O plenário da Câmara dos Deputados aprovou, na quarta-feira (22/05), a Medida Provisória nº 870, que trata das alterações administrativas – Ministérios e secretarias da Presidência da República.
Foi mantido o número de Ministérios em 22, como propôs o governo (eram 29 no último governo). É um sinal dos tempos – dos tempos que o Brasil precisa superar – que uma aberração como esse “desenho”, inclusive com a extinção do Ministério do Trabalho, fosse votada (e aprovada) em meio a tanta apatia.
Toda a discussão concentrou-se em duas questões: a do Ministério em que ficaria o Conselho de Controle de Atividades Financeiras (Coaf) e a tentativa do governo de proibir os auditores da Receita de enviar casos suspeitos – ou até abertamente criminosos – para o Ministério Público.
Não por acaso, o fundo de ambas as questões é o mesmo: a luta contra a corrupção.
Por 228 a 210, o Conselho de Controle de Atividades Financeiras (Coaf), órgão responsável pela detecção de movimentações financeiras suspeitas ou francamente criminosas – portanto, essencial no combate a fraudes financeiras e à corrupção, bem como à lavagem de dinheiro – saiu, no que se refere à Câmara (ainda haverá votação no Senado), da órbita do Ministério da Justiça e foi transferido para o Ministério da Economia.
Não é surpresa para ninguém que o Coaf está sob ameaça de ser amordaçado – e sua transferência para a órbita de Paulo Guedes, açulada por Bolsonaro ao mesmo tempo em que dizia o contrário, faz parte dessa tentativa de amordaçamento.
O papel do Coaf nas investigações sobre lavagem de dinheiro e combate ao crime organizado vem incomodando muita gente, sobretudo Bolsonaro, que atacou o órgão abertamente, depois que as operações na conta de seu filho Flávio Bolsonaro – e do “gerenciador” do gabinete deste, Fabrício Queiroz, um velho aprochegado de Bolsonaro-pai – foram enviadas, pelo órgão, ao Ministério Público do Rio de Janeiro (v.
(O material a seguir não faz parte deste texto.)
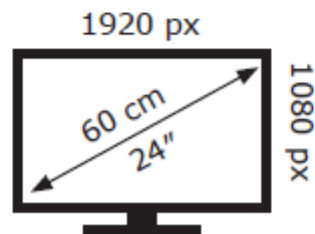

ENERG

LG Electronics

24MP88HV

18 kWh/1000h

2019/2013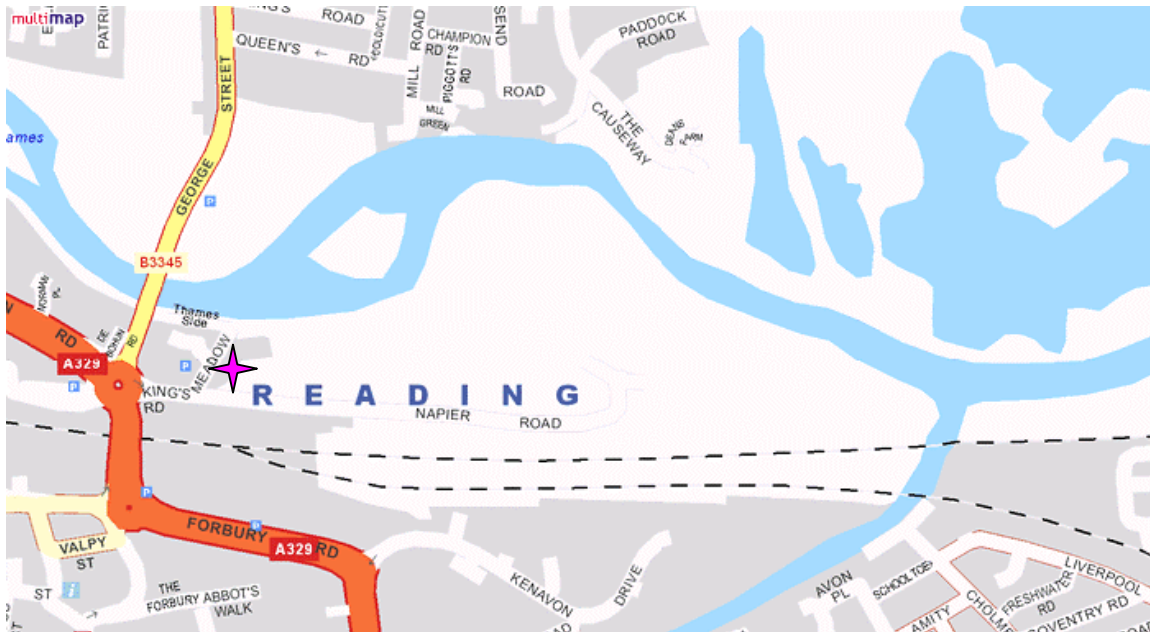

Kings Meadow, Reading

Kings Meadow
Napier Road
Reading
Berkshire
RG1 8DF

From M4

Exit at J11 and follow signs to Reading Town Centre.

Continue through several roundabouts and traffic lights and you will pass under an underpass. When you reach a large roundabout with TGI Fridays on the right, take the 2nd exit. Go straight across the next roundabout and Kings Meadow is approximately 300 yards on the left hand side.

Bolsonaro ataca Coaf: “quebrou sigilo de Queiroz sem autorização judicial” e Cronologia do crime: os Bolsonaros & outros cidadãos acima de qualquer suspeita).
Foi o Coaf que detectou a movimentação de 1,2 milhão de reais em uma conta de Fabrício Queiroz, entre janeiro de 2016 e janeiro de 2017, incompatível com sua renda.
Foi o Coaf que, também, descobriu que, entre 2014 e 2017, o mesmo Queiroz movimentou R$ 7 milhões, algo totalmente incompatível com sua renda (v. Queiroz não movimentou R$ 1,2 milhão; movimentou R$ 7 milhões, diz Coaf).
Foi o Coaf que revelou que Queiroz depositara dinheiro na conta da esposa de Jair Bolsonaro (v. Queiroz recolhia de 9 e depositava para a esposa de Bolsonaro).
Foi o Coaf que detectou, também, os 48 depósitos suspeitos na conta de Flávio Bolsonaro (v. Quem fazia os depósitos na conta de Flávio Bolsonaro?).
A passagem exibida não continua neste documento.